Built from mild steel, the canoe was 12 ft 8 in long with a beam of 27 in. A 5 hp electric motor powered by four 6-volt batteries gave the craft a maximum possible speed of 4.4 kn. At a crusing speed of 3.1 kn, it could travel 30 to 40 nmi. Its maximum operating depth was 50 ft.

The Sleeping Beauty was designed to carry up to 3.5 lb of explosives. Located near the pilot's legs were ballast tanks that could either be filled with water or compressed air.

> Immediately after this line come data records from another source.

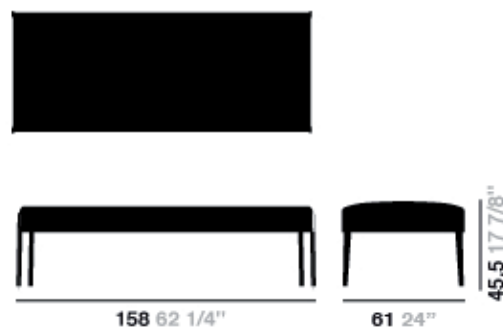

Saari / Bench

Design by Lievore Altherr Molina, 2009

Art. 2714: bench with upholstered shell
 Art. 2719: cover

Two seater bench with polished, painted or veneered steel four leg base. Upholstered seat with metal and plywood frame; upholstery available in leather, faux leather, fabric or customer's fabric. Fully removable cover version available upon request without a surcharge.

Dimensions*

* Files CAD 2D - 3D available for download at www.arper.com

Base finish

Shipment Details

Art. 2714	kg	m ³	lb	ft ³
1 PCS = 1 box	27	0.224	59.4	7.903

Materials

Fabric by kvadrat and no stain

Saari / Bench
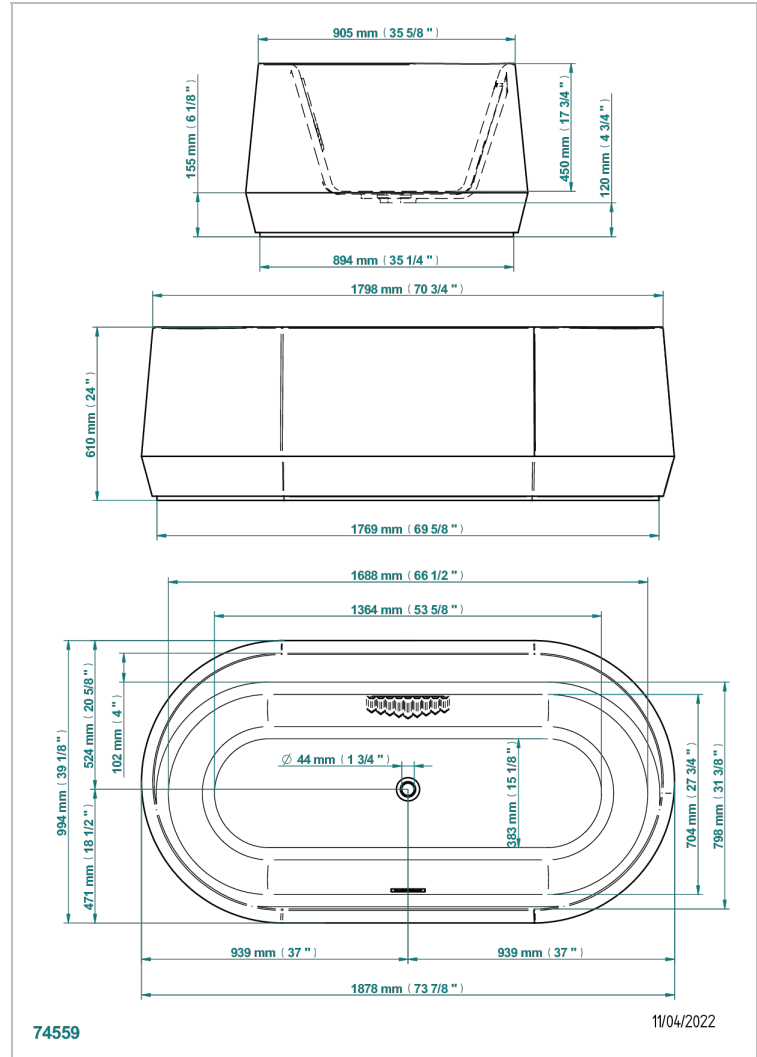

FREE STANDING BATHTUB

B11-B531

THG
PARIS

Corvair bathtub 188 x 98 x 61 cm, with asymmetric rim, free-standing, delivered with a chrome coverplate for overflow supplied without waste

CHARACTERISTIC

- Free standing bathtub
- Corvair bathtub 188 x 98 x 61 cm, with asymmetric rim, free-standing, delivered with a chrome coverplate for overflow supplied without waste

RELATED SKU'S

- Ref. G00-305/H Complete manual click drain
- Ref. B16-P100 Headrest 30 x 30 cm, white
- Ref. B16-P103 Headrest 13 x 26 cm, half cylindrical, white
- Ref. B16-P104 Polyurethane gel headrest 30 x 12 cm, h. 4 cm, white
- Ref. B16-P105 Polyurethane gel headrest 38.5 x 21 cm, h. 2 cm, white
- Ref. B16-P106 Polyurethane gel headrest 30 x 7 cm, h. 2 cm, white
- Ref. B16-P107 Polyurethane gel headrest 35 x 40 cm, h. 5,5 cm,, white
- Ref. B16-K102 Chromato-lighting system on bathtub without whirlpool system

Although the Sleeping Beauty was designed to accommodate only one pilot, a later model did attempt to produce a two-man version post war.

==Operation==

The MSC moved in several different manners. One of these was nicknamed "porpoising". When "porpoising", the pilot would allow the craft to briefly rise to the surface, re-orientate themselves, then fully re-enter the water in order to move. Alternatively, the pilot would submerge the craft and, guided only by a compass, travel completely underwater. Movement was controlled by means of a joystick attached the two ballast tanks. Upon nearing a target, the pilot would exit the craft and swim the rest of the way. They would then attach one of the nine magnetic limpet mines to the side of the enemy ship. The MSC could also be used for reconnaissance, although its main purpose was for sabotage and attacks.

==Operational service==
Following Operation Jaywick, a successful 1943 Allied raid in Singapore which used folboats to destroy several Japanese ships, the leader of the raid, Ivan Lyon, a British Lieutenant Colonel and member of the Z Special Unit, was brought to view and train on the Sleeping Beauties. Lyon planned to use the canoes during Operation Rimau in an attempt to sabotage Japanese ships. However, after being found by a Japanese patrol boat during the raid, the canoes were scuttled and Ivan Lyon and his men were killed, captured, and executed. Operatives at Careening Bay continued to be trained on MSCs, but few men were ever able to use them effectively and they never entered into widespread usage.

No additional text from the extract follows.